▶ **PROVIDED ENTRIES**

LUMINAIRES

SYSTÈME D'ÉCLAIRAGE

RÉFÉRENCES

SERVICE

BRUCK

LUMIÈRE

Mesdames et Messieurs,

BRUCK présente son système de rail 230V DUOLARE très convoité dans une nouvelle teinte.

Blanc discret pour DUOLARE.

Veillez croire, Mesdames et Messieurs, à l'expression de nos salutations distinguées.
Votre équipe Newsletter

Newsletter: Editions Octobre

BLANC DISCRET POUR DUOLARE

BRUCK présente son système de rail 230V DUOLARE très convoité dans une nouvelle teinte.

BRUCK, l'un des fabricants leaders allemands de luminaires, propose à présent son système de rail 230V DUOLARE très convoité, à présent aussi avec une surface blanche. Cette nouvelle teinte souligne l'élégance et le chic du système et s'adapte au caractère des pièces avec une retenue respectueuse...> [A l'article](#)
* * *
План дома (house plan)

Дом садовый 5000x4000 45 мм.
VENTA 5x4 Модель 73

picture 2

▶ **HOW TO COMPLETE THIS TASK**
Take from the listing above each line containing "Newsletter".

▶ **RESPONSE TO THIS TASK**
Votre équipe Newsletter
Newsletter: Editions Octobre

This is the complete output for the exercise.